Developmental disorders including Autism Spectrum Disorders and Intellectual Disability can lead to reduced cortical activity. Paradoxically, these same disorders also greatly increase the risk for developing seizures. Multiple homeostatic plasticity mechanisms can compensate for reduced activity by increasing excitatory synaptic transmission and cellular excitability, and/or by decreasing inhibitory synaptic transmission. But these normally beneficial mechanisms can have maladaptive effects, especially when reduced activity is prolonged and occurs early, during a critical period of circuit formation. For example, activity blockade in vivo in rat or mouse neocortex, induces seizures, but only if it occurs early and for a prolonged period. Here we explore the mechanisms underlying this Maladaptive Compensatory Plasticity (MCP) in cultured neocortical slices. Activity blockade produces a qualitative change in subsequent synchronized activity that persists following prolonged deprivation when activity is restored. This is accompanied by a dramatic shift in the balance between excitation and inhibition. Physiological and imaging studies are consistent with a dramatic change in synaptic connectivity.
Aim 1 will identify the critical physiological features of MCP, that separate it from normal homeostatic plasticity. By blocking activity in single neurons, and by varying the timing and duration of activity blockade, we will distinguish cell autonomous from network effects, and determine which are critical for persistent effects of MCP. Using synapse imaging techniques and paired recording, we ask whether induction of MCP alters the number of functional excitatory and inhibitory synapses.

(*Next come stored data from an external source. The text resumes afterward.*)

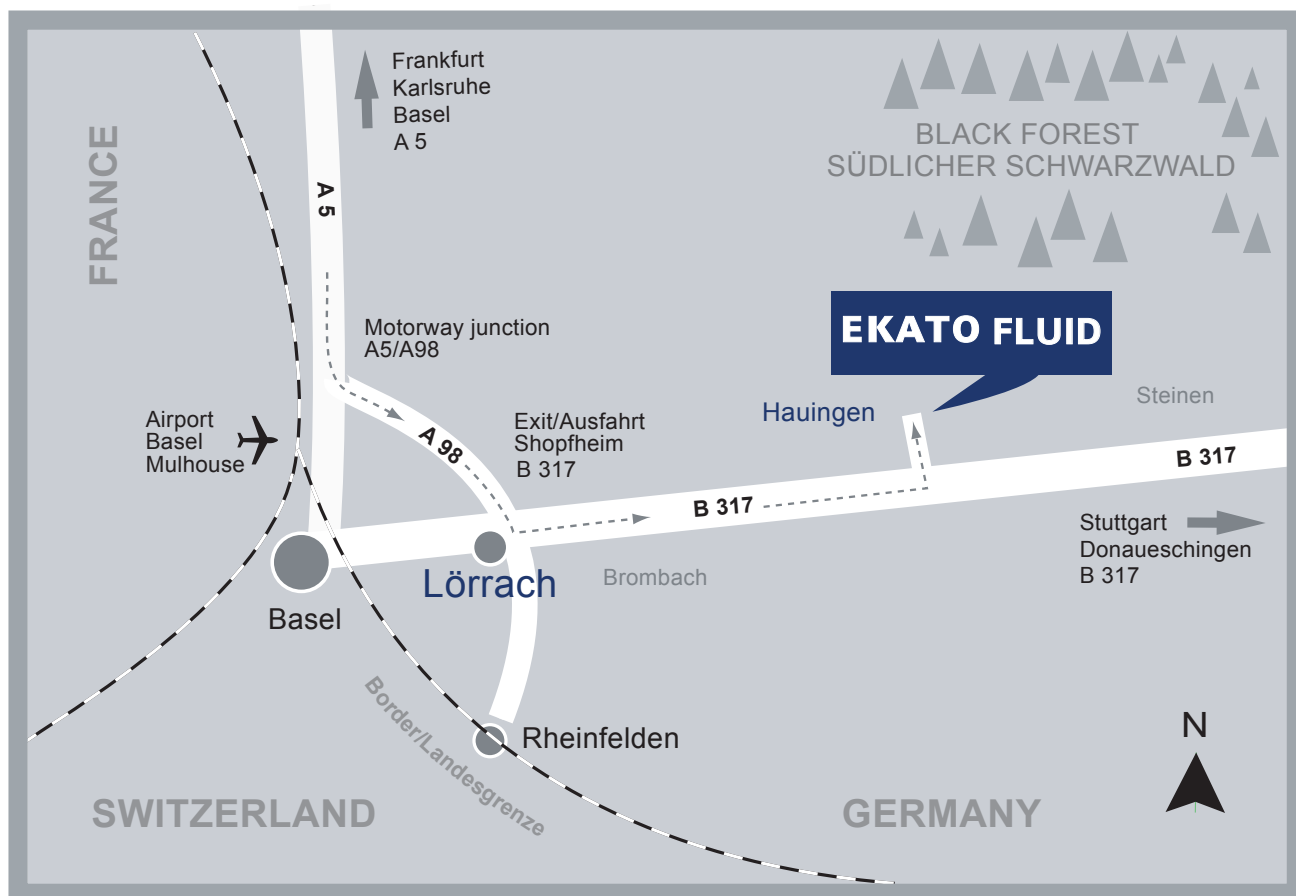

Directions to Anfahrtsplan

EKATO FLUID

FLUID Misch- und Dispergiertechnik GmbH

Im Entenbad 8, 79541 Lörrach, Germany

Phone: +49(0)7621 5809-0, Fax: +49(0)7621 5809-16

e-mail: fluid@ekato.com, www.ekato.com

So finden Sie uns...

Über die Autobahn A5 kommend wechseln sie am Autobahndreieck Weil am Rhein (Ausfahrt 68) auf die A98 Richtung Lörrach / Rheinfelden. Verlassen sie die A98 an der Ausfahrt Lörrach Mitte (Ausfahrt 5). An der folgenden Ampel biegen sie links ab auf die B317 Richtung Schopfheim. An der folgenden Ampel halten sie sich geradeaus Richtung „Gewerbegebiet Entenbad“. Nach etwa 2 km biegen sie links ab Richtung Lörrach-Hauingen. Unser Werk finden sie nach etwa 80 m auf der rechten Seite.

How to find us...

Using the highway A5 leave at interchange Weil am Rhein (exit 68) direction Lörrach / Rheinfelden. Leave the highway A98 at exit Lörrach center (exit 5). At the following traffic lights turn left direction Schopfheim. Keep straight on at the following traffic lights (Follow “Gewerbegebiet Entenbad”). After about 2 km turn left direction Lörrach-Hauingen. You find our headquarter after about 80 m on your right-hand side.

Aims 2 develops the novel idea of push/pull transcriptional regulation of homeostatic plasticity. We identify a pair of closely related transcription factors (TFs) that are potently and progressively upregulated during blockade of activity. Intriguingly, these TFs are part of a pathway that opposes compensatory plasticity, since compensatory responses are exaggerated when they are knocked out. CRISPR-based manipulations will be used to alter TF expression selectively in specific cell types. RNAseq will be used to identify candidate targets, and chromatin assays will distinguish direct and indirect targets. Finally, we will initiate in vivo studies to more directly test the role of homeostatic plasticity and its transcriptional regulation in audiogenic seizures. Together these studies may identify new strategies for mitigating maladaptive consequences of normally beneficial plasticity mechanisms.
Developmental disorders are frequently associated with reduced brain activity and, paradoxically, with increased risk of epilepsy. This may, in part, be caused by overactive plasticity mechanisms that normally maintain appropriate levels of brain activity. Understanding negative consequences of overactive plasticity mechanisms may help prevent or treat this problem.